どうするよコレ。主役は遅れて登場するとは言うけれど、遅すぎじゃない!?
「あの……どういった経緯で勇者が召喚されたのでしょうか?」
「月の国の魔法使いがな、酒に酔った勢いで実行したそうだ。その後、特に何も起きなかったのと、魔王軍の侵略で、すっかり召喚のことを忘れていたらしい」
酔った勢いで召喚すんなよ。しかも忘れるな。召喚って言うと魔法陣か……月の国は魔王軍が侵攻した時、抵抗せずに上層部は他国に逃れたらしいけど。国民を見捨てた行いって訳ではないのだろう。現に月の国は上層部が無事なおかげで、侵略された人間の国の中では一番復興が進んでいる。

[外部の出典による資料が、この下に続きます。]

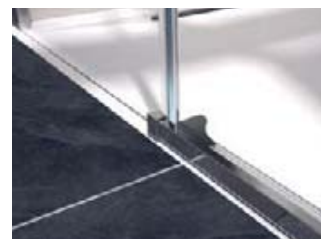

DESIGN EXCLUSIF

- Un système de fermeture unique permettant un alignement parfait de l'élément fixe et de la porte en position fermée
- Nettoyage sans difficulté puisque les verres ne se chevauchent pas
- Porte coulissante avec fonction Soft Close
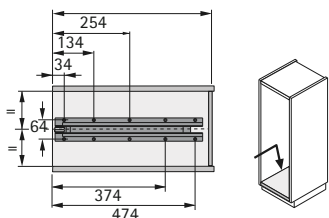

Dolní výsuv

それにしても魔法陣か……嫌な予感がするなー。
「それで陛下、月の国の召喚と私がどう関わるのですか?」
「召喚された異世界人がな……黒髪黒目で解読できない異世界語を喋る少年だそうだ」
「黒髪黒目……」
前世の世界ではありきたりな容姿だが、この世界では違う。黒髪黒目なんて私以外にお目にかかったことなどない。この世界の適当な人間が召喚されたと思ったけど、本当に異世界人か。もしかして日本人?だからと言って私には関係のないことだよねー。
「それで、だな。カナデ、其方には月の国に行ってもらいたい。月の国の国王直々の申し出でな、断れないのだ」
王命キターーーー!!!!毎度毎度思うけどさ、断れないって判っていて何で伺いを立てるのさ。もう嫌だ、厄介事の気配だよぉ。それとオッサンの涙目とか気持ち悪いだけだから!

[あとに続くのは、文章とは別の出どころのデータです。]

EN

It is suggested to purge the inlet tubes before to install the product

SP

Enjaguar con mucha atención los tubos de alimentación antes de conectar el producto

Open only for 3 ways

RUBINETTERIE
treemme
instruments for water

「ところで……その馬鹿みたいな勇者召喚をやったのは誰ですか?」
「サルバドール・ガラン魔法局副局長だ。確か其方の先輩だろう?」
やっぱりサルバ先輩かよ!!月の国、魔法陣、酔っ払い召喚って聞いてまさかとは思ったけど……あの人変わらないな。あの魔法陣馬鹿!スカポンタン!!

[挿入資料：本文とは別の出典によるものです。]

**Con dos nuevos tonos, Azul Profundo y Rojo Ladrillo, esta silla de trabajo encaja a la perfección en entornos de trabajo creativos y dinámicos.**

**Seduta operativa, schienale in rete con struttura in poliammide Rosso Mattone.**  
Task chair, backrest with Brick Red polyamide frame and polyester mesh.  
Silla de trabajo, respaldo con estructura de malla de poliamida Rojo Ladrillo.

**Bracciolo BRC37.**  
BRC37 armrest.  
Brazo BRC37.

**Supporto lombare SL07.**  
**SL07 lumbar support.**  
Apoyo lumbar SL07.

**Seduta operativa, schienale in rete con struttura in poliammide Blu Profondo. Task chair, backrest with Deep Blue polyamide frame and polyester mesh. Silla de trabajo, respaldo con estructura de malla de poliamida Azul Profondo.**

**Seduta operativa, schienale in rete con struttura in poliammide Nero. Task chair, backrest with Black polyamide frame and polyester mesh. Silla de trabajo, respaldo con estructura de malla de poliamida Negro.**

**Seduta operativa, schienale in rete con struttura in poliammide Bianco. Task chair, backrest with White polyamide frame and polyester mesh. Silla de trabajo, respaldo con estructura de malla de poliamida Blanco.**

「ええ、ルナリア魔法学園に通っていた頃はお世話に……いえ、一緒にロアナにお世話になっていた気がします」
「そ、そうか。それでカナデ、月の国に行ってくれるな?」
「それが仕事と言うのならば行きます」
「良かった。それでだな……一緒に騎士団総長であるマティアスと外交官を付けることになっておる」
うわぁ、第五王子と一緒かよ!やっと職場が離れたと思ったのに……。
「そうですか。外交官の方は私の知っている方なのですか?」
「き、機嫌悪いな……外交官は外務局のロアナ・キャンベル嬢だ。ガラン副局長とカナデと知己だから適任だろう」
「本当ですか! 正直、第五王子殿下と仕事なんて最あ――じゃなくて恐れ多いと不安だったんです。ロアナがいれば心強いです」
「それは良かった……しかし、カナデはマティアスが嫌いなのか?」
「きら――滅相もありません! 私のようなものが殿下に対して個人の感情を向けるなど恐れ多いです」
「あやつも報われんな……自業自得ではあるが」
「何の話です?」
「何でもないぞ。出立は明後日だ。其方の上司である宰相と王太子には此度の事を伝えておる。後のことは二人に聞くがよい」
「判りました」
異世界から召喚された勇者がどんな奴かは知らないけれど、サクッと仕事を終わらせて月の国の観光でもしたいなぁ。
♢
「はい、到着っと」
転移魔法を使い、私たちは月の国へとやって来た。もうすぐ月の国の王宮から使者が来るはず。いざ、戦場へ――なーんてね。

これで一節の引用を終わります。